Italian lawmakers created a legislative decree and are employing incentives rather than penalties to encourage more taxpayers to adopt electronic invoicing.

Following in the footsteps of Portugal, Italy has taken the incentive approach to increasing the use of B2B e-invoicing to simplify administration and accounting, and reduce the reliance on paper documents.

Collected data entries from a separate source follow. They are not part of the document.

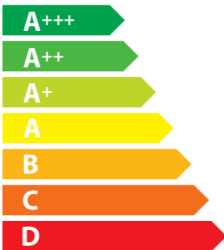

A+

43

kWh/annum

A_{BCDEFG}

A_{BCDEFG}

A **B**_{CDEFG}

65 dB

65/2014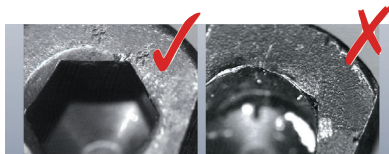

L-key Set Multicolour

With convenient colour-coded tubing.

NEW

L-keys in SPKL quality Multicolour

9-piece set

Highest quality: Round material with profiled Hex-Plus design, also with the ballpoint version. The Hex-Plus profile extends the service life of hexagon socket screws. BlackLaser surface treatment for high corrosion protection.

The rubber sleeve provides a pleasant grip, particularly in applications at low temperatures. The colour-coded tubing makes it easy to find the right tool.

Hex-Plus

Hexagon screws can endure a problem because the contact surfaces delivering the power from the conventional tool, is transferred to the screw via very small surface areas. The consequence: the screw can become damaged (rounding out). Hex-Plus tools have a greater contact surface that prevents this from happening! Good to know: Hex-Plus tools fit into every standard hexagon socket screw!

Hex-Plus

950 SPKL/9 SM N Multicolour L-key set, metric, BlackLaser

Hex-Plus

9-piece set in a two-component clip

Code		
05073593001	950 SPKL Multicolour	1 x 1.5x90; 1 x 2.0x101; 1 x 2.5x112; 1 x 3.0x123; 1 x 4.0x137; 1 x 5.0x154; 1 x 6.0x172; 1 x 8.0x195; 1 x 10.0x224

Italy's legislative decree no. 127 gazetted on 18 August 2015 came into force on 2 September. A raft of measures will now be implemented to encourage the use of e-invoicing, including a free, Revenue Agency-provided system for the creation and use of e-invoices by VAT-registered businesses. This system is to be rolled out by 1 July 2016.

The benefits

From a tax obligation perspective, Italy is making the adoption of e-invoicing enticing by offering the following incentives:

  • Exemption from submitting the 'Spesometro' communication, Intrastat communication with regard to intra-community purchases of goods and services and the communication of purchases from suppliers established in San Marino Republic.
  • Priority status for e-invoicing taxpayers with regard to VAT refunds – annual return claims to be dealt with within three months of submission.
  • One year reduction in the usual four-year tax audit procedure period, in cases where a taxpayer can guarantee payments are able to be traced.
  • Simplifications in some taxable person categories with regard to VAT compliance, and the complete exemption from input and output VAT bookkeeping and conformity check.

The takeaway

Exemptions from submitting additional forms and returns (like Intrastat and Black List* for entities that will be using the e-invoicing system) should be taken with a grain of salt. The e-invoicing system is aimed at increasing visibility of transactions to Italian tax authorities and over time, decreasing the number of transactions that are currently 'invisible' for the tax office.

A transparency hike in day-to-day transactions is something that needs to be reached - not only in Italy but across the EU - to stop the VAT system from leaking.

*The Black List declaration was established in Italy in 2010. It is a return that has to be filed by entities registered for VAT purposes in Italy who performed business transactions for total amount exceeding EUR 50,000 in a reporting period with entities registered or seated in countries which are put on Black List. Those countries are listed in a decree and are labelled as "high risk countries", from a tax point of view.